Additional Intel Gigabit NIC £21
http://skinflint.co.uk/351749
Intel 6300 Ultimate-N 450 Mbps £20
http://skinflint.co.uk/616661
mSATA 32GB £36 (this is a luxury, I would say just boot from a USB stick)
http://skinflint.co.uk/?cat=hdssd&sort=p&xf=2646_mSA...
Total with one Ultimate-N card (and excluding the mSATA): £198
Add £20 for a second card to provide simultaneous dual-band support.
Please note these are all indicative, I haven't researched every last detail in terms of compatibility, but this is the rough bill of materials needed.
Very similar to my build which I did as I was fed up with reliability problems trying to run even 40Mbit FTTC on my Buffalo router. It was fine until my ISP switched to PPPoE and then things got hairy, made QoS completely impractical. So I built this with the intention of not having to upgrade it again even if I switched to FTTP later.
https://plus.google.com/photos/108348704364791506166...
I run a version of OpenWRT compiled for Atom though:
https://forum.openwrt.org/viewtopic.php?id=35887
Interestingly it had to have power management disabled in the kernel as there is a bug with the on-board Intel Gigabit Ethernet chipset (at least with the newer Linux driver) that causes packet lag/loss, which oddly the PCIe card of identical chipset doesn't suffer from. There are many mentions of this on Google even on lower server class boards with the same chipset.
Fortunately, power management seems to make no difference at all to the power consumption of this board in Linux.
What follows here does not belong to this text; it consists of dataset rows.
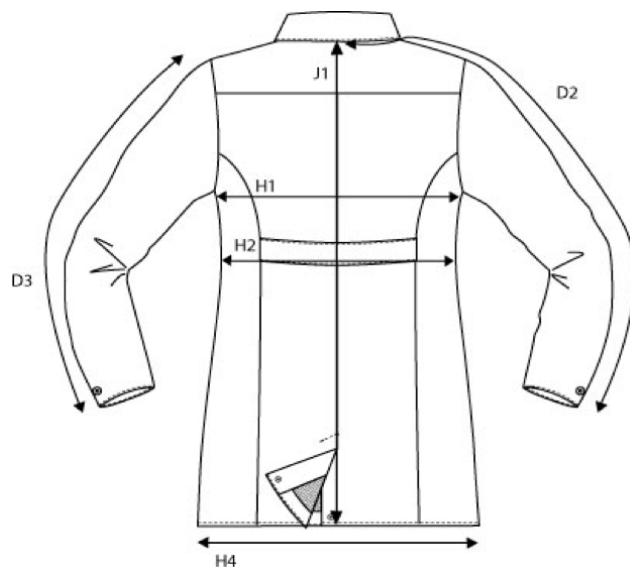

SIZE AND FIT: SEATTLE

**SEATTLE MENS**

Measurement (in cm)	Diagram	S	M	L	XL	XXL	3XL	4XL
Centre back to end of sleeve	D2							
Sleeve Length <i>from shoulderseam</i>	D3	64.75	66.5	68.25	70	71.75	73.5	75.25
1/2 Chest Width <i>at armhole</i>	H1	54	57	60	63	66	69	72
1/2 Waist	H2	53	56	59	62	65	68	71
1/2 Bottom Width	H4	53	56	59	62	65	68	71
Full Length <i>at centre back</i>	J1	80	83	86	89	92	95	98

**SEATTLE LADIES**

Measurement (in cm)	Diagram	XS	S	M	L	XL	XXL
Centre back to end of sleeve	D2						
Sleeve Length <i>from shoulderseam</i>	D3	63	64	65	66	67	68
1/2 Chest Width <i>at armhole</i>	H1	45	48	51	54	57	60
1/2 Waist	H2	42	45	48	51	54	57
1/2 Bottom Width	H4	54	57	60	63	66	69
Full Length <i>at centre back</i>	J1	81	83	85	87	89	91

Although I never managed to get it below around 16W with any OS regardless of power management setting.
Its also worth noting that you really want PM disabled on a router anyway as the act of PM switching things on, off, frequency scaling, can add latency to the routing performance. Although I doubt its particularly noticeable its always best to aim for optimal performance IMO.